- _INFORMATION_:
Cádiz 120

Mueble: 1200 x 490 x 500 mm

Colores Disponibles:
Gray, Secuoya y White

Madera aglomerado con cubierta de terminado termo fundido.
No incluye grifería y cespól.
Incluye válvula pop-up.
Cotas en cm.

---

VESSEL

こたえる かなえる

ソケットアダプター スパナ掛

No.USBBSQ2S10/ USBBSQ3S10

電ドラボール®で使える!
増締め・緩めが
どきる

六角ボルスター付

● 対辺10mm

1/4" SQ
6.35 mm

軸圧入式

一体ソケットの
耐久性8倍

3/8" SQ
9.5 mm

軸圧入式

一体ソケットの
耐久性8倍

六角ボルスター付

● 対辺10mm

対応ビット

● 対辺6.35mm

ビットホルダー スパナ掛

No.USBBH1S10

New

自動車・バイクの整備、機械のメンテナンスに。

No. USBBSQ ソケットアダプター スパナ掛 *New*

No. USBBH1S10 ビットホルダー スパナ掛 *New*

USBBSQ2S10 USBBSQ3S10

- _WORK REQUEST_:
Give the number of lines in the data that contain the string "ソケットアダプター", and nothing else.

- _TASK RESPONSE_:
2